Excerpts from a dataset
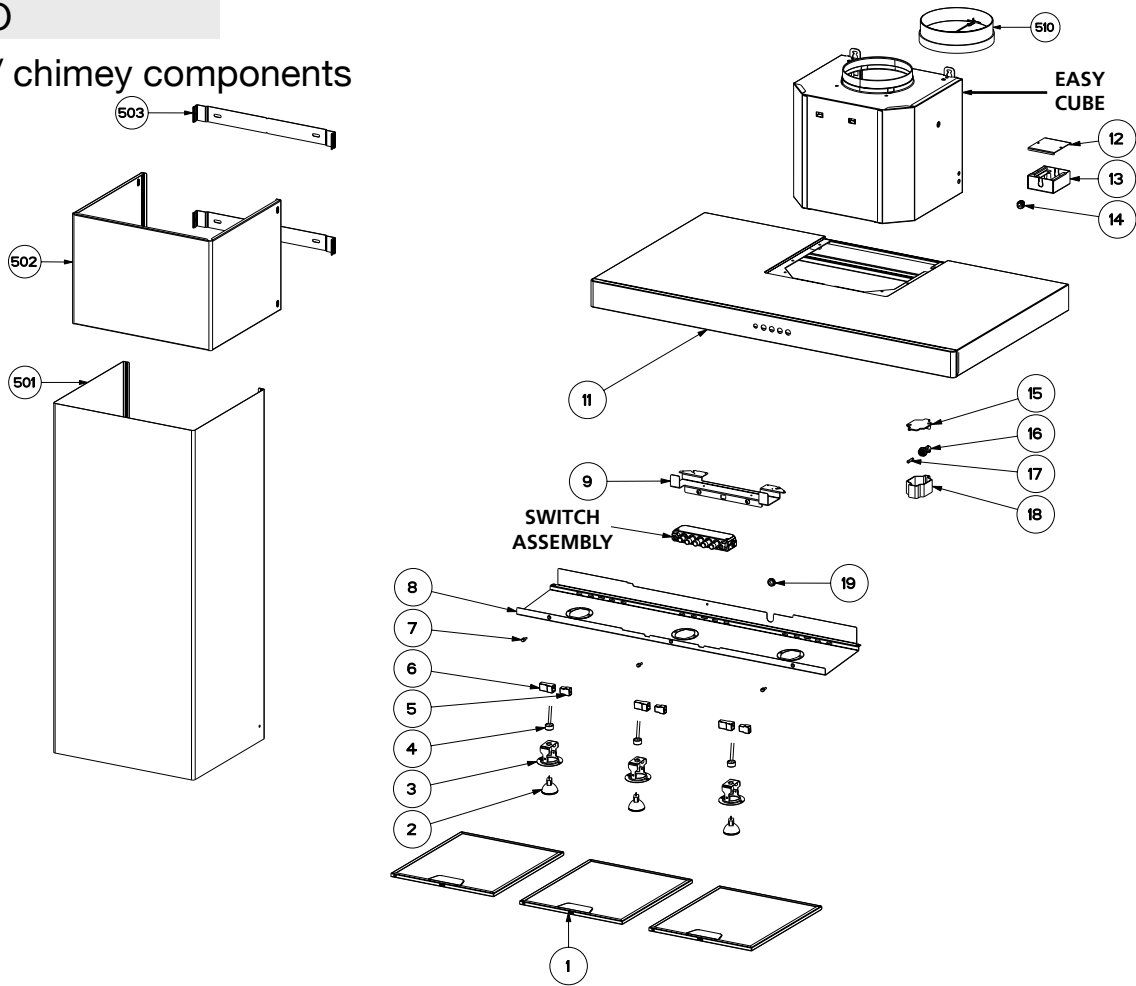

STILO

body / chimney components

	Model Number	630003942	630003943		
Key	Description	24	36	Qty Req.	In Stock
1	Grease Filter	4268907	4268907	24=2, 36=3	Yes
2	Halogen Lamp (Long Life)	403000470	403000470	24=2, 36=3	Yes
3	Lamp Holder Support	4269192	4269192	24=2, 36=3	Yes
4	Lamp Holder	4269362	4269362	24=2, 36=3	Yes
5	Female Connector	4021307	4021307	24=2, 36=3	Yes
6	Male Connector	4021308	4021308	24=2, 36=3	Yes
7	Grill Rotating Pin	4141106	4141106	3	Yes
8	Light Diffuser Support	440001600	440001602	1	No
9	Control Switch Fixing Bracket	4469661	4469661	1	No
11	Body	422000236	422000237	1	No
12	Field Wiring Box Cover	4468375	4468375	1	No
13	Field Wiring Box	4468373	4468373	1	No
14	Clamp	4117090	4117090	1	No
15	Fuse Box	4102272	4102272	1	Yes
16	Fuse Holder	403000319	403000319	1	Yes
17	Fuse	403000320	403000320	1	Yes
18	Fuse Box Cover	4109297	4109297	1	Yes
19	Cable Gromet	4136216	4136216	1	No
501	Lower Chimney Cover	4472020	4472020	1	Yes
502	Upper Chimney Cover	4472013	4472013	1	Yes
503	Upper Chimney Bracket	4469657	4469657	2	Yes
510	Damper	4269400	4269400	1	Yes

STILO

easy cube components

	Model Number	630003942	630003943		
Key	Description	24	36	Qty Req.	In Stock
603	Cable Clamp	4136202	4136202	2	No
606	Mounting Bracket	440000954	440000954	2	Yes
607	Fischer	4161693	4161693	2	No
608	Screw	4174573	4174573	1	Yes
609	Cable Clamp	4161633	4161633	1	Yes
610	Cable Clamp Cover	4109168	4109168	1	No
614	Screw	4174160	4174160	2	Yes
615	Easy Cube	440004062	440004062	1	No
616	Charcoal Filter Tab	4163024	4163024	1	Yes
624	Male Connector	4021306	4021306	1	Yes
625	Female Connector	4021304	4021304	1	Yes
626	Transformer	4021828	4021829	1	Yes
627	Nut	4109524	4109524	1	Yes
628	Transformer Housing	4166779	4166779	1	Yes
629	Washer	417000003	417000003	1	Yes
630	Nut	417000002	417000002	1	Yes
632	Plug	410100205	410100205	2	No
633	Pin	4141337	4141337	1	No
634	Silent Kit Left	4301609	4301609	1	Yes
635	Silent Kit Right	415000007	415000007	1	Yes
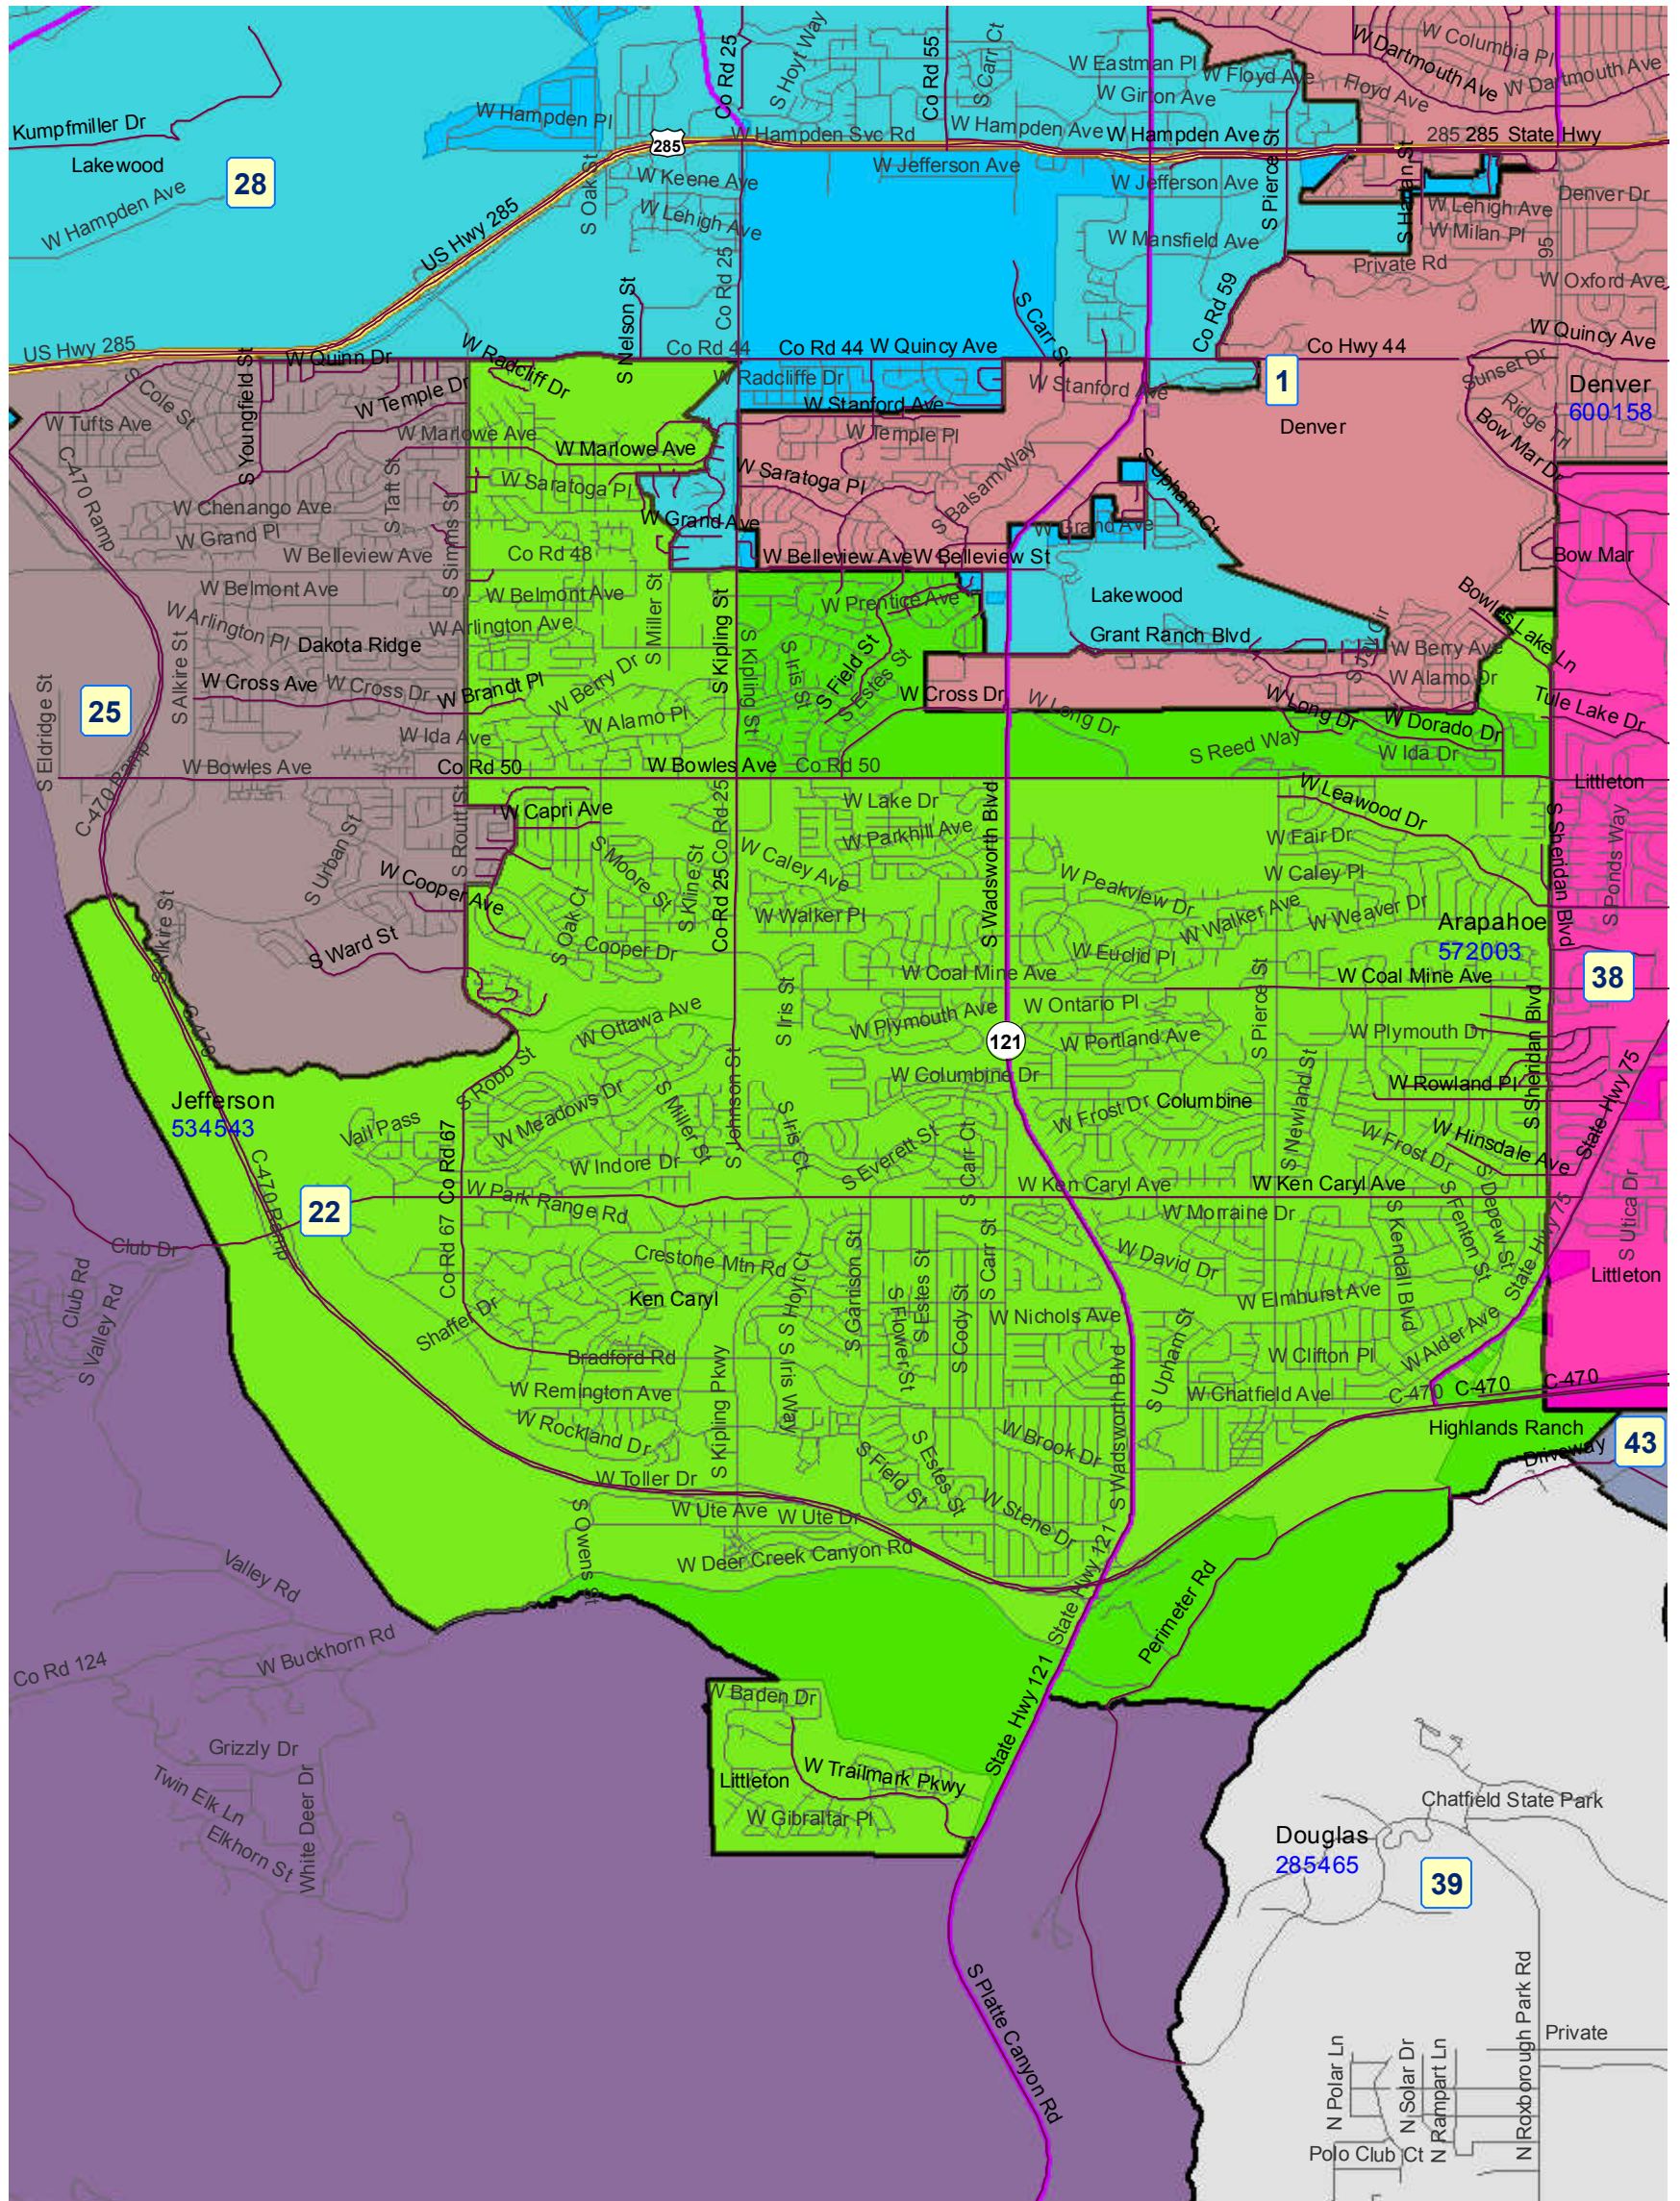

2010 Election Results

| Election | Party | Number | Percent |
|-------------|-------------|--------|---------|
| U.S. Senate | Republican | 18,066 | 52.38% |
| | Democratic | 14,582 | 42.27% |
| | Minor Party | 1,845 | 5.35% |
| Governor | Republican | 2,661 | 7.61% |
| | Democratic | 15,796 | 45.18% |
| | Minor Party | 16,505 | 47.21% |
| Treasurer | Republican | 18,337 | 56.86% |
| | Democratic | 13,912 | 43.14% |

Communities within district

Bow Mar
Columbine
Dakota Ridge
Ken Caryl
Littleton

School Districts within district

Denver County 1
Douglas County RE 1
Jefferson County R-1
Littleton 6

House District 22 After 2011 Reapportionment
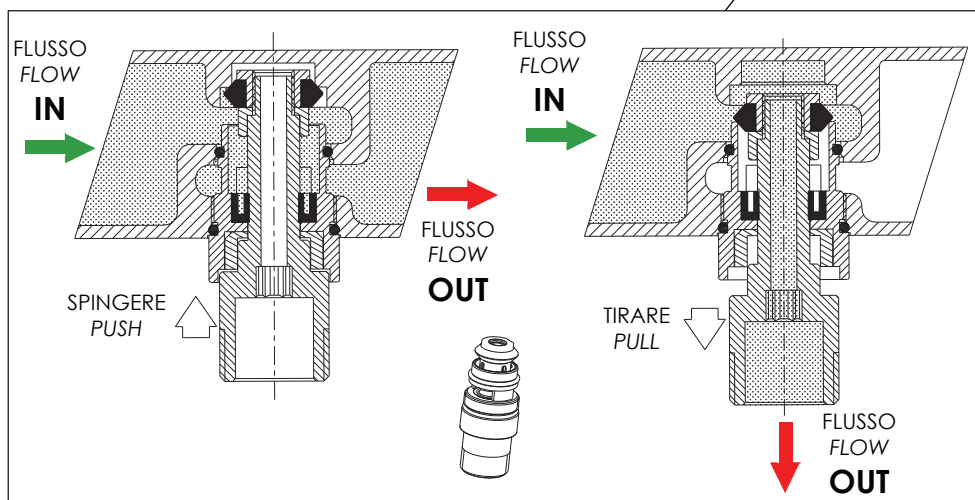

DANIEL
RUBINETTERIE

MILANO

SCHEDA TECNICA TECHNICAL FEATURES

ART. COD.

TK610

DEVIATORE
DIVERTER

MATERIALI / MATERIALS

OTTONE CROMATO / CHROME PLATED BRASS
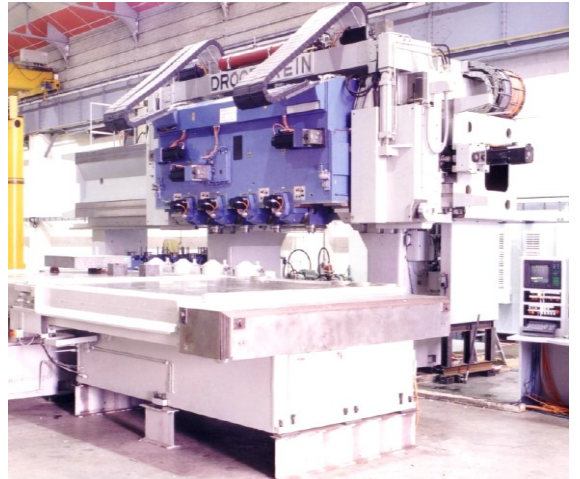

SUD OUEST SYSTEME
machines outils

Machine Tool Renovation

Total or partial

MISCELLANEOUS RETROFIT EXAMPLES
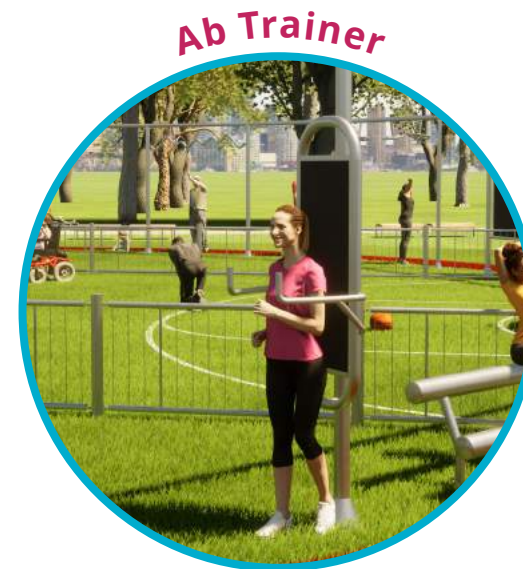

IJSLANDER

Ab Trainer

B-03

! IMPACT ATTENUATING SURFACE NEEDED

3 EXPERT

* [TASK BRIEF]: Return every line of the preceding records in which the word "Cover" appears.

* [RESPONSE BOX]:
12	Field Wiring Box Cover	4468375	4468375	1	No
18	Fuse Box Cover	4109297	4109297	1	Yes
501	Lower Chimney Cover	4472020	4472020	1	Yes
502	Upper Chimney Cover	4472013	4472013	1	Yes
610	Cable Clamp Cover	4109168	4109168	1	No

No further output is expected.